Welcome to Reclaim You! Phase 2: Strength
You’ve built the foundation. Now it’s time to build real, measurable strength on top of it.
👉🏽 Phase 1 laid the groundwork with higher rep ranges, stability work, and building that mind-muscle connection. You’ve proven you can show up, push through, and do the work. Now we shift gears while keeping everything you’ve earned.
Phase 2 is where you reclaim your strength. We’re dropping the reps, increasing the load, and putting serious intention behind every lift. You’ll see two compound strength movements each session, and the weight should feel challenging, we’ll be working up to 90% of your 1RM by peak week. This puts you in that sweet spot of building real strength while maintaining the muscle and endurance you’ve already developed.

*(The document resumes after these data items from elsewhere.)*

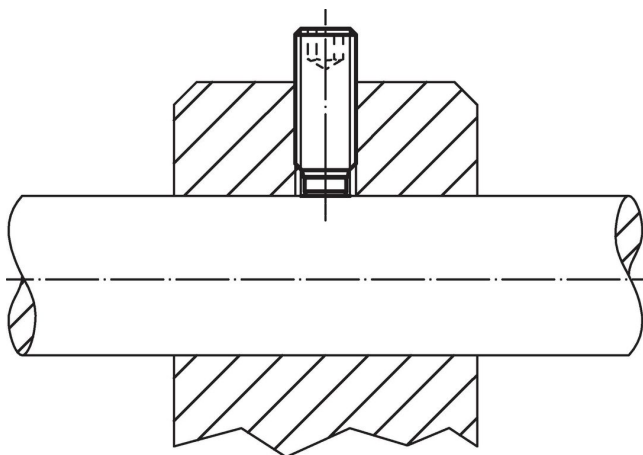

Toepassingsvoorbeeld
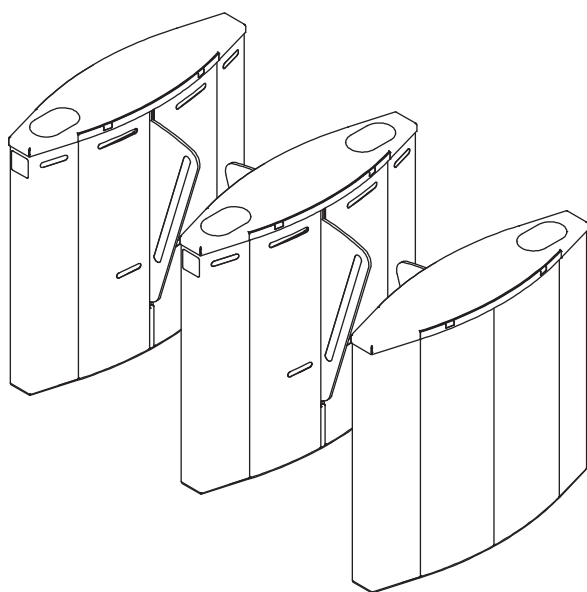

Технические данные:

Длина	однопроходной - 1080 мм двухпроходной - 1870 мм
Ширина	1000 мм
Высота	992 мм
Масса, не более	однопроходной - 202 кг двухпроходной - 324 кг

www.tiso.global
+380 (44) 291-21-11
e-mail: export@tiso.ua

- 1 - устройство считывания идентификационных карт и световое табло индикации;
- 2 - световое табло индикации;
- 3 - датчики прохода;
- 4 - стеклянная створка;
- 5 - корпус турникета;
- 6 - крышка

SPEEDBLADE - 1
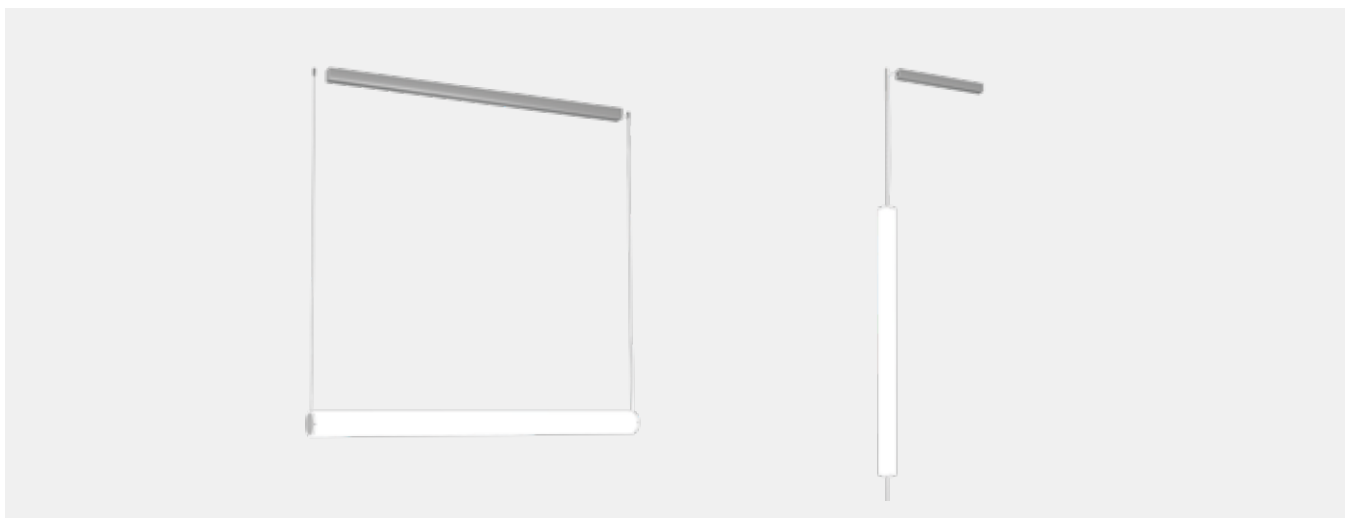

Produktfamilie

TUBE

Pendelleuchte aus Plexiglas, horizontale oder vertikale Montage möglich, auch als Kettenvariante (mehrere Leuchten vertikal) erhältlich, in 2 Längen erhältlich, Schutzart IP20, inkl. integriertem Konverter (nicht dimmbar)

VORTEILE

- horizontale und vertikale Montage möglich

EIGENSCHAFTEN

- aus Plexiglas
- Schutzart IP20
- inkl. integriertem Konverter (nicht dimmbar)

Produktübersicht:

Typen:

Tube Vertical

Tube Horizontal

Längen:

1200mm

1800mm

Lichtfarbe:

3000K warmweiss

Skizzen:

Technische Informationen:

| | | |
|-------------------------|----------------------------------------------|--------|
| Länge: | 1200mm | 1800mm |
| Watt Total: | 57W | 86W |
| Nettolumen: | 3540lm | 5010lm |
| Kelvin (CCT): | 3000K | 3000K |
| Schutzart: | IP20 | |
| CRI: | >90Ra | |
| Lebenserwartung: | 50.0000h | |
| Spannung: | 100~230V AC/ 230V DC | |
| Konverter: | inkl. integriertem Konverter (nicht dimmbar) | |

Arikelübersicht:

| Artikelnummer | ① Type | ② Länge | Kelvin |
|----------------|---------------------------|--------------------|----------|
| LW-TW-①-②-3000 | » TW « Tube Vertical | » 1200 « 1200mm | » 3000 « |
| | » TH « Tube Horizontal | » 1800 « 1800mm | |

You’ll still see stability, conditioning, and endurance elements woven throughout, we’re not abandoning what got you here, we’re building on it. But the priority has shifted. Heavier loads, more rest, and more focus.
👉🏽 Phase 2: Strength Overview
∙ 4 weeks of strength-focused training with hypertrophy & endurance elements
∙ Rep ranges shift lower on compound lifts — expect sets of 3–8 on your main movements
∙ REST increases and is IMPORTANT: 2–3 minutes between heavy compound sets
∙ 5-day structure: 2 Lower, 2 Upper, 1 Deep Core + Mobility. 1 optional cardio + mobility!
∙ Posterior chain emphasis (like you asked) glutes, hamstrings, and back are the priority
∙ Your main lifts: Squat, Deadlift, Hip Thrust, Floor Press, Military Press, and Chin-Ups
∙ Blended approach: strength is the priority, everything else supports it
👉🏽👉🏽 RIR (Reps in Reserve) Guide:
∙ 3–4 reps (87–95% 1RM): 0–1 RIR — maximum strength
∙ 5–6 reps (80–85% 1RM): 1–2 RIR — strength focus
∙ 7–8 reps (75–80% 1RM): 1–2 RIR — strength-hypertrophy
∙ 9–12 reps (70–75% 1RM): 2–3 RIR — hypertrophy/accessory work
👏🏼👏🏼 Critical for Success: Your last rep should feel like a fight. If you don’t have the weight selection to go heavier, increase your reps by 5–10 until you hit that 1–2 reps in reserve threshold. You can also slow your tempo to increase intensity. The challenge must be there effort and progression are what drive results.
Rest fully between your working sets. This isn’t the time to rush. Your nervous system needs that recovery to show up strong for the next set. Rushing through will actually limit your strength gains and reduce the weight you can handle. While it might feel like you’re not working hard enough during rest periods, that recovery is what makes the next heavy set possible.
You’ve put in the work to get here. Don’t underestimate yourself. Load up and let’s get stronger.